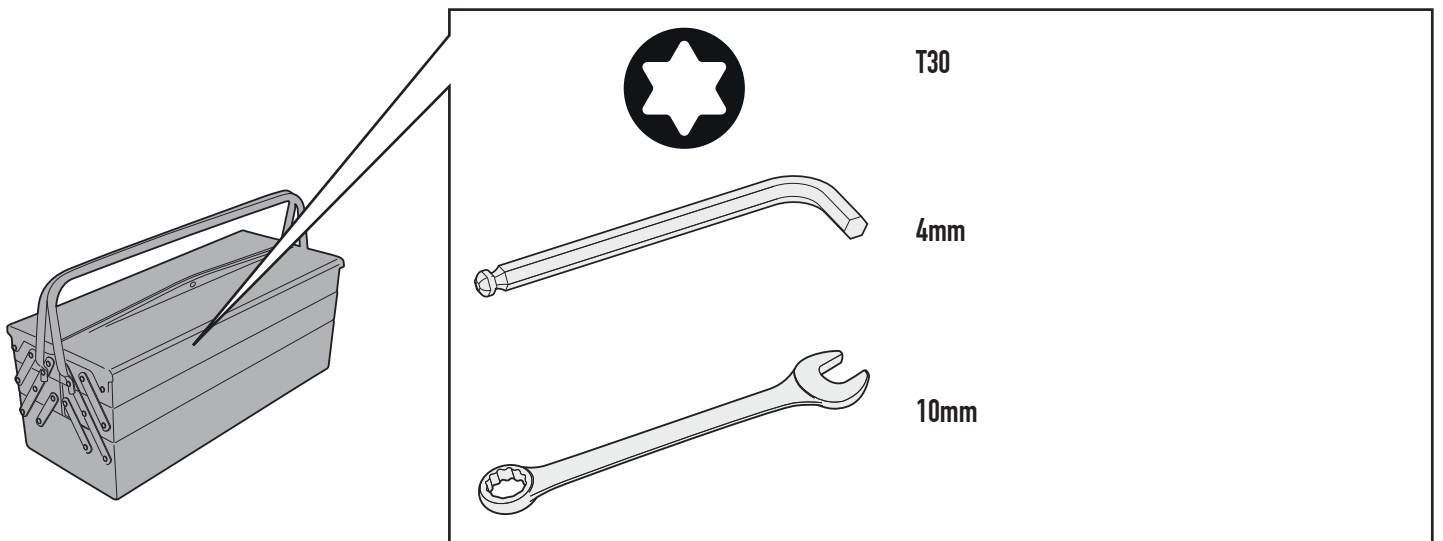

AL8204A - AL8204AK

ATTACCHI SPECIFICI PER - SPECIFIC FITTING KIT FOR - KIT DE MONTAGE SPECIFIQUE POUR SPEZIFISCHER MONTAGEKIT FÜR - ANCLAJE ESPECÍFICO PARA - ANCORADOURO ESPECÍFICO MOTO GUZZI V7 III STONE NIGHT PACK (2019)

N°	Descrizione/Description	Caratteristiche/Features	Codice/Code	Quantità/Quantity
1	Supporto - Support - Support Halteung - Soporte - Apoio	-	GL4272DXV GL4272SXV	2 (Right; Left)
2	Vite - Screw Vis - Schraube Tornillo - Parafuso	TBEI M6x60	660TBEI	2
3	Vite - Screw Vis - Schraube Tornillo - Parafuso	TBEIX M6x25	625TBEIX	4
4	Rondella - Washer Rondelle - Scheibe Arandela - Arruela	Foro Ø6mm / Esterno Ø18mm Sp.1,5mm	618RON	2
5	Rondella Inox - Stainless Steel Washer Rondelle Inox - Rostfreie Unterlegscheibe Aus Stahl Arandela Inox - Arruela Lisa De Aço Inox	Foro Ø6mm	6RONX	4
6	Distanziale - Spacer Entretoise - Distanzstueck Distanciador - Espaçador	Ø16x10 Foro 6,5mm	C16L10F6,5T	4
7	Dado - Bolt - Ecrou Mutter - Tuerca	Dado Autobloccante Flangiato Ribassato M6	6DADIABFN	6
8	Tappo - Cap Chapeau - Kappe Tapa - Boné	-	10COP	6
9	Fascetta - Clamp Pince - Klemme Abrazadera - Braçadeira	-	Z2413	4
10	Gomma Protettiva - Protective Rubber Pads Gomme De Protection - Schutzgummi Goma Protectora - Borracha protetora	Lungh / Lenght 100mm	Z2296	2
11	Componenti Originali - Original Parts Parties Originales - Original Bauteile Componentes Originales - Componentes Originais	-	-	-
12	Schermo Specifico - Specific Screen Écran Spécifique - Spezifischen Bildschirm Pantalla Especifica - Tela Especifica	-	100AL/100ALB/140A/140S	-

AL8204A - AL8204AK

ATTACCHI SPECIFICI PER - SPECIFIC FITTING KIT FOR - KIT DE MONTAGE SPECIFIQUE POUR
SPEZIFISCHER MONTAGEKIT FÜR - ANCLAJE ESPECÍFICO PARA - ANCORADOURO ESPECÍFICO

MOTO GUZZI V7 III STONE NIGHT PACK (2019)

# # # # # # #

● WHAT YOU WILL DO:
Would you mind transcribing the material exactly, without the pictures?

● PROBLEM SOLUTION:
AL8204A - AL8204AK

ATTACCHI SPECIFICI PER - SPECIFIC FITTING KIT FOR - KIT DE MONTAGE SPECIFIQUE POUR SPEZIFISCHER MONTAGEKIT FÜR - ANCLAJE ESPECÍFICO PARA - ANCORADOURO ESPECÍFICO MOTO GUZZI V7 III STONE NIGHT PACK (2019)

N°	Descrizione/Description	Caratteristiche/Features	Codice/Code	Quantità/Quantity
1	Supporto - Support - Support Halteung - Soporte - Apoio	-	GL4272DXV GL4272SXV	2 (Right; Left)
2	Vite - Screw Vis - Schraube Tornillo - Parafuso	TBEI M6x60	660TBEI	2
3	Vite - Screw Vis - Schraube Tornillo - Parafuso	TBEIX M6x25	625TBEIX	4
4	Rondella - Washer Rondelle - Scheibe Arandela - Arruela	Foro Ø6mm / Esterno Ø18mm Sp.1,5mm	618RON	2
5	Rondella Inox - Stainless Steel Washer Rondelle Inox - Rostfreie Unterlegscheibe Aus Stahl Arandela Inox - Arruela Lisa De Aço Inox	Foro Ø6mm	6RONX	4
6	Distanziale - Spacer Entretoise - Distanzstueck Distanciador - Espaçador	Ø16x10 Foro 6,5mm	C16L10F6,5T	4
7	Dado - Bolt - Ecrou Mutter - Tuerca	Dado Autobloccante Flangiato Ribassato M6	6DADIABFN	6
8	Tappo - Cap Chapeau - Kappe Tapa - Boné	-	10COP	6
9	Fascetta - Clamp Pince - Klemme Abrazadera - Braçadeira	-	Z2413	4
10	Gomma Protettiva - Protective Rubber Pads Gomme De Protection - Schutzgummi Goma Protectora - Borracha protetora	Lungh / Lenght 100mm	Z2296	2
11	Componenti Originali - Original Parts Parties Originales - Original Bauteile Componentes Originales - Componentes Originais	-	-	-
12	Schermo Specifico - Specific Screen Écran Spécifique - Spezifischen Bildschirm Pantalla Especifica - Tela Especifica	-	100AL/100ALB/140A/140S	-

AL8204A - AL8204AK

ATTACCHI SPECIFICI PER - SPECIFIC FITTING KIT FOR - KIT DE MONTAGE SPECIFIQUE POUR
SPEZIFISCHER MONTAGEKIT FÜR - ANCLAJE ESPECÍFICO PARA - ANCORADOURO ESPECÍFICO

MOTO GUZZI V7 III STONE NIGHT PACK (2019)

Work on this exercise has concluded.